To enter Latvia was like driving out of a forest and into a farmer’s field. A few windmills did their job, and I turned left at the first corner heading for Mazsalaca where you allegedly turn into a werewolf when crawling through a specific tree root at full moon while saying a certain spell.
Latvian quilt – the Latvians make perfect patches in the potholes
It was overclouded but I was confident that the moon would be somewhere up above anyway. After dark a squad of kids on bicycles showed me the way into the forest, taught me the magic words, and they watched with headshaking disbelief as I crawled and chanted like a fool. Nothing happened. I later got to know – and it is true – that it was a lunar eclipse that evening. That might explain the failure.
Bad timing placed me in the Riga morning rush. Traffic was a mess. A brief encounter with some unfriendly Internet café staff made me go on to Jurmala hoping that the beach resort would offer more affability. But nobody would smile to me there either. The only one approaching was a beggar with one leg and beard like Santa Claus. “John Lennon is Latvian”, he said with his palm set to receive payment for the information. “No, John Lennon was English, and he’s dead”. For a second the chap seemed shocked by the news, then concentrating hard. “Eh… Suzi Quattro is Latvian.
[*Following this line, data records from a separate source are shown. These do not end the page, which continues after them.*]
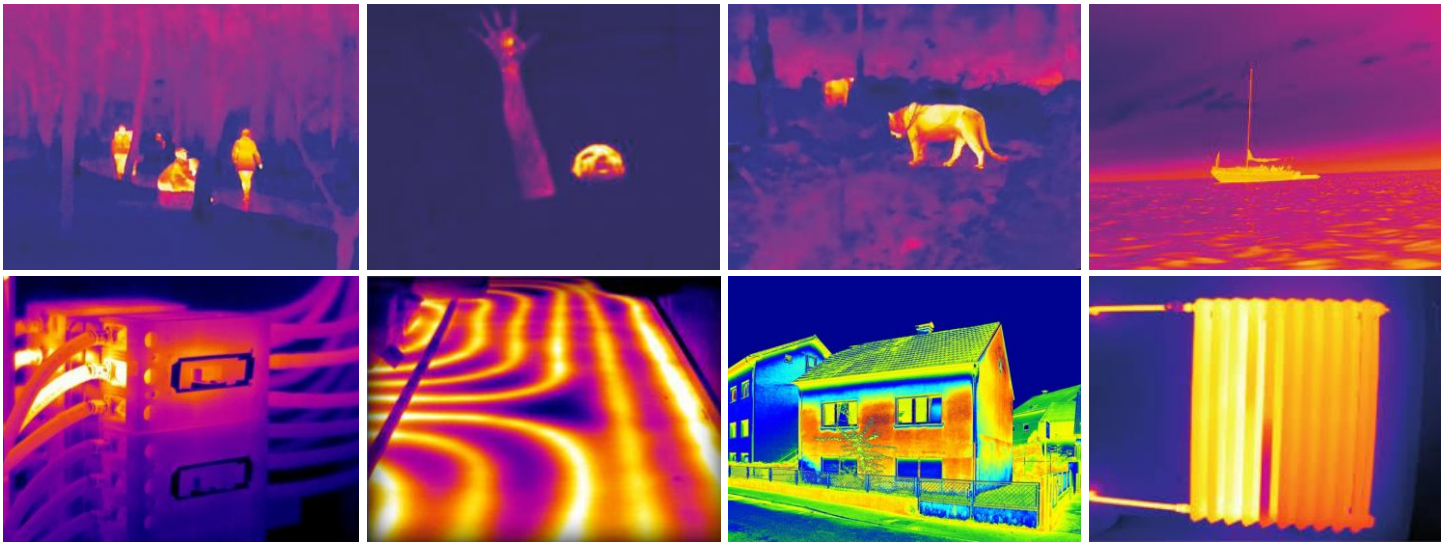

Hikmicro, egyszemes betekintésű hőkamerák a Modern Alarm Kft. kínálatában

MONOCULAR

LYNX Pro

LH15 / LH19 / LH25

12 μ m   35 mk NETD   8x DIGITAL ZOOM

OWL

OH25 / OH35 / OQ35

35 mk NETD   8x DIGITAL ZOOM   LONG DETECTION RANGE   HOTSPOT
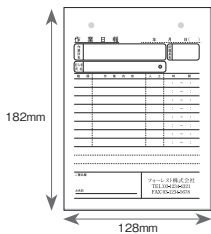

お見積り依頼書 記入例

お見積り!

▼ご郵送先

〒330-0844 埼玉県さいたま市大宮区下町2-1-1 JPR大宮ビル3階
フォレスト株式会社 オーダーメイド係宛

フォレストに見本到着後、4営業日
以内にお見積り書をFAXいたします。

価格計算例 ※内容により価格が異なります。

作業日報の場合

- 上記日報の場合
(加工内容)100冊(1冊50組入り)
印刷色:黒1色刷り
- ①社名印刷
 - ②ロゴマーク印刷
 - ③罫線引き
 - ④3枚複写式…1枚目:作業日報
2枚目:作業日報(控)
3枚目:作業証明書
 - ⑤2穴パンチ穴

作業日報 100冊
(1冊50組入り)
1冊あたり **¥883**

※表示価格は税抜きです。

納品書の場合

- 上記伝票の場合
(加工内容)50冊(1冊50組入り)
印刷色:黒1色刷り
- ①社名印刷
 - ②アドレス印刷
 - ③社印印刷
 - ④罫線引き
 - ⑤4枚複写式…1枚目:納品書(控) 2枚目:請求(明細)書 3枚目:納品書
2枚目:請求(明細)書 4枚目:受領書
 - ⑥色紙刷り…1枚目:白紙 2枚目:青紙 3枚目:黄紙 4枚目:ピンク紙
 - ⑦製本(左のり)
 - ⑧2穴パンチ穴
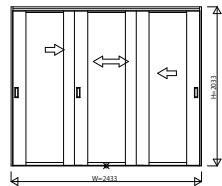

W=2,433 H=2,033	W=2,433 H=2,033	W=2,433 H=2,033	W=2,433 H=2,033	W=2,433 H=2,033
-----------------	-----------------	-----------------	-----------------	-----------------

インケンシグタイプ3方枠
枠見込み186/ラウンドレール/埋込敷居(アルミ)

インケンシグタイプ3方枠
枠見込み186/ラウンドレール/直付敷居(アルミ)

インケンシグタイプ4方枠
枠見込み186/ラウンドレール/薄敷居(シート)

ケンケンシグタイプ3方枠
枠見込み148/ラウンドレール/埋込敷居(アルミ)

ケンケンシグタイプ3方枠
枠見込み148/ラウンドレール/直付敷居(アルミ)

ケンケンシグタイプ4方枠
枠見込み148/ラウンドレール/薄敷居(シート)
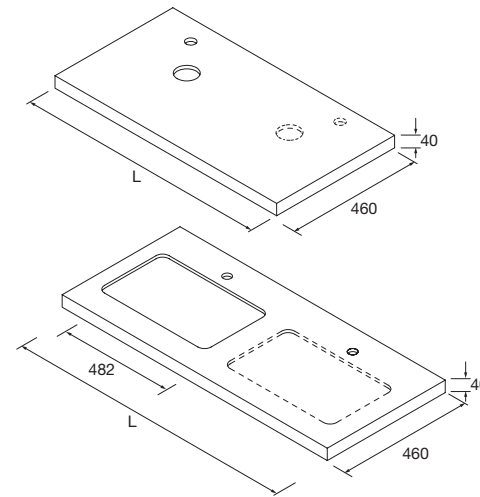

ENCIMERAS DE LAVABO ESPESORES 40 MM

Encimeras de espesores de 40 mm, en medidas de 600 a 1200 sin mecanizado. Acabados melamínicos y laminados de alta presión (HPL)

	Blanco brillo	White cotton	Black velvet	Roble África	Carbón	€
	COD.	COD.	COD.	COD.	COD.	
600	97432	97433	97434	23016	97435	181
700	97436	97437	97438	97439	97440	204
800	97441	97442	97443	23017	97444	228
900	97445	97446	97447	97448	97449	260
1000	97450	97451	97452	23018	97453	282
1200	97454	97455	97456	23019	97457	331
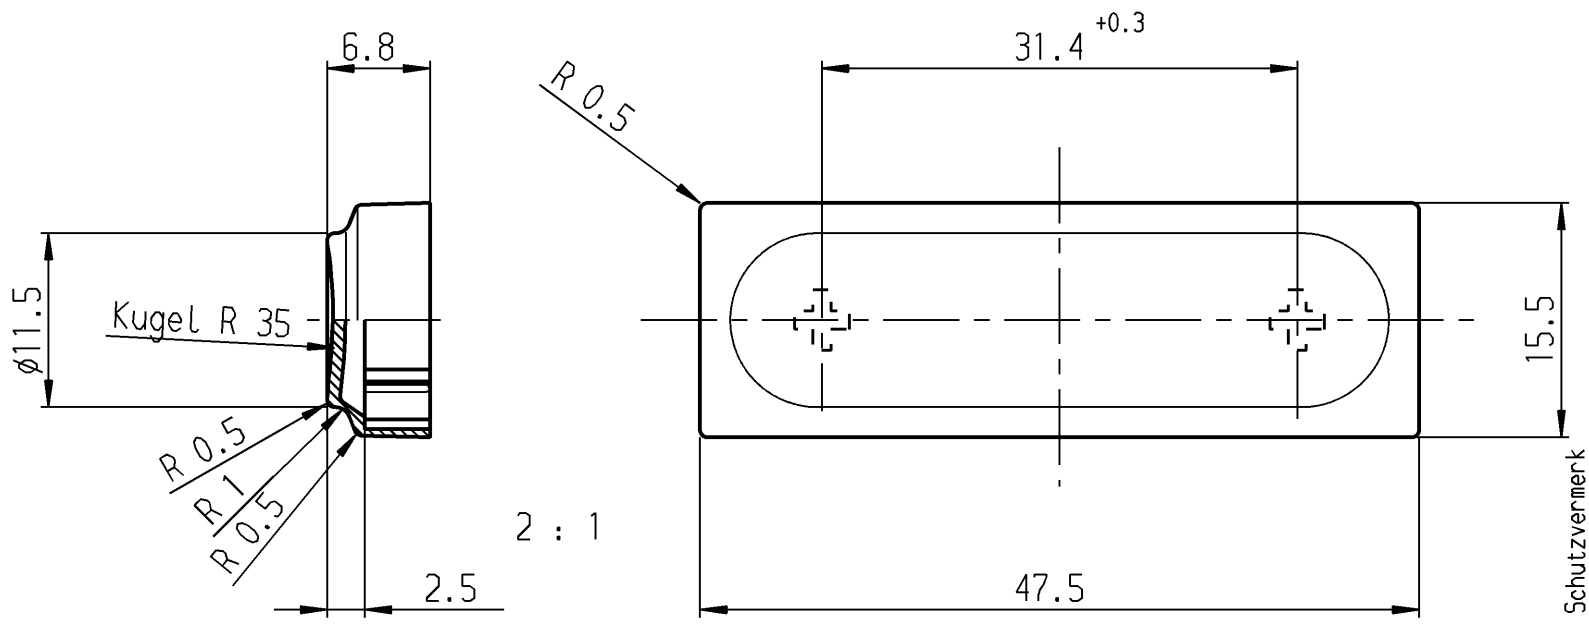

bei Aend. beachte F.Z.

Schutzvermerk nach DIN 34 beachten COPYRIGHT RESERVED

Allgemeintoleranzen/UNTOLERANCED DIMENSIONS				PROJECTION		Pause COPY		Blatt SHEET		Zeichn./DRAWING NO.	
Für Längen und Radien FOR LENGTHS AND RADII.		Abmaße in mm Für Nennmaßbereich in mm ALL DIMENSIONS ARE IN MILLIMETRES							K 843.000.011		
	±	bis/UP TO 6	über/OVER 6 bis/UP TO 30	über/OVER 30			Original DIN A3 Maßstab SCALE 1:1		Tastenkopf 3 x 1		
d	±	0.2	0.3	0.3			gez./DRAWN BY 05.06.90 ws				
c							gepr./CHECKED BY Sa				
b											
a											
					e	38683	Ersatz für/REPLACEMENT OF				
Ausg. ISSUE	Änderung REVISION	gez. DRAWN BY	Ausg. ISSUE	Änderung REVISION	gez. DRAWN BY						
									MARQUARDT Marquardt GmbH, D-78604 Rietheim-Weilheim		
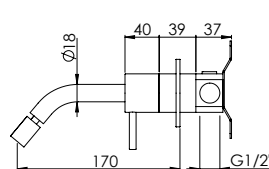

2 HOLE CONCEALED SINGLE LEVER BIDET TAP CURVE SPOUT EC

Monocomando Bidé Encastrar 2 Furos Bica Curva EC
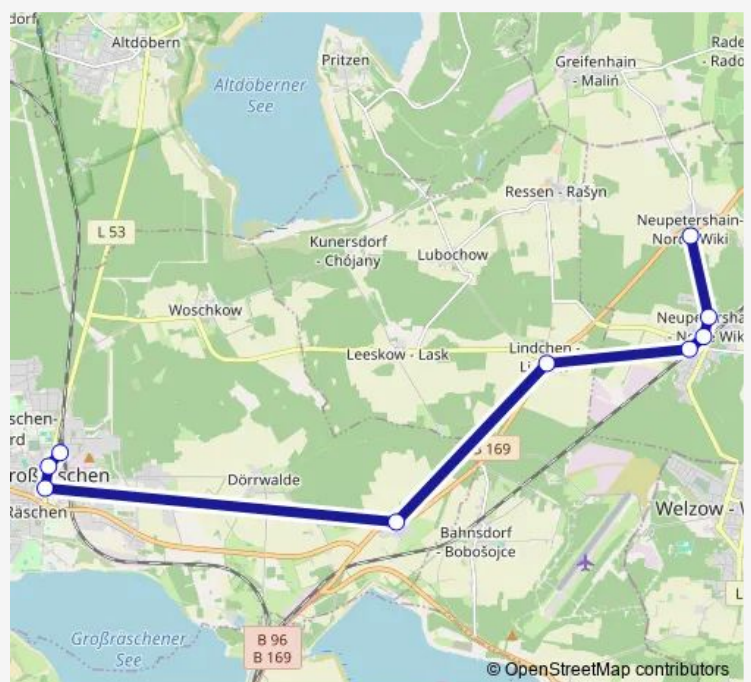

Bus 615

[Go to website](#)

Direction

Großräschen, Bahnhof, Mast 1 — Bahnsdorf, Siedlung, Mast 2

10 stops

[Open route schedule](#)

Großräschen, Bahnhof, Mast 1

Großräschen, Lunaeck, Mast 2

Woschkow, Abzweig, Mast 3

Woschkow, Mast 1

Leeskow, Mast 1

Lubochow, Mast 2

Ressen, Straße nach Lubochow, Mast 1

Bahnsdorf, Zollhaus, Mast 2

Bahnsdorf, Gasthaus, Mast 2

Bahnsdorf, Siedlung, Mast 2

Route schedule

Großräschen, Bahnhof, Mast 1 — Bahnsdorf, Siedlung, Mast 2

Monday 10:35-16:35

Tuesday 10:35-16:35

Wednesday —

Thursday 10:35-16:35

Friday 10:35-16:35

Saturday —

Sunday —

Route info

Direction: Großräschen, Bahnhof, Mast 1

Stops: 10

Trip Duration: 0 hour 30 min

Direction

Bahnsdorf, Siedlung, Mast 1 — Großräschen, Bahnhof, Mast 1

13 stops

Give me money”.
While pushing for the more rural Cape Kolka I tried to name a famous Latvian but couldn’t think of any. The cape was windy with neoprene suits and kites, and barely south was the Dungada village. A three meter long crocodile was on display by the main street. In Estonia they had stamps with rhino images, and now this. It was disturbing. Did African wildlife rule the Baltics? The locals kept their distance and refused to be asked, but a plaque explained that the ugly crocodile was given by a Latvian consulate in honor of a Dungada hero named Arvids von Blumenfelds. During WWII he escaped to Australia where he made a reputation as an outstanding crocodile hunter. Many years later a blockbuster film was made based on his character. So there you go – a famous Latvian – Mr. Crocodile Dundee.
In honor of a hero stolen by the Australians
The unsociability continued. I crisscrossed the inland, often stopping in towns and villages to seek information about what was ahead, but only the beggars made contact. Clearly the ordinary men and women looked upon me as an intruder of their everyday life. With a little open-mindedness the phenomenon might be explained by a collective embarrassment for not speaking perfect English. They might choose to avoid the awkwardness. In such case the rural Latvians are not alone in the world. But at the time it was annoying.
A long day with rejections had made its toll on me and I was eating what I in fury had decided to be my last meal in Latvia – a gas station steak – when Ulf rushed in. The Dane was thrilled for finally meeting a Scandinavian biker. Six years ago he bought a large piece of land that had not been grown since before the war, so when ploughing the soil there would now and then surface an undetonated bomb. After six years he had a pile of them. Obviously he was some kind of stuntman farmer. But hey, cheap production costs combined with good corn prices in Denmark was an excellent incentive. Despite being the village’s largest and richest employer the bachelor’s home was in desperate need of a woman touch. At night I had to position my madras so that it covered the nearby holes in the living room floor, so to avoid putting a hand into a hole while sleeping (there were rattraps in all of them).
Ulf kindly allowed me to service the bike in his tractor workshop. What a guy!
I thought about an early start, but Ulf insisted we went for a drive. He had something to show me and told a fascinating story on the go. In the fifties 3000 Russian soldiers came out of the blue and moved into the woods next to the village. There they did something for thirty years, and all that time the locals didn’t know what it was. Nobody would tell them. Suddenly the soldiers torched whatever they hid, left as abruptly as they came, and the village people walked together into the woods hoping to get some answers to the three decades of utmost secrecy.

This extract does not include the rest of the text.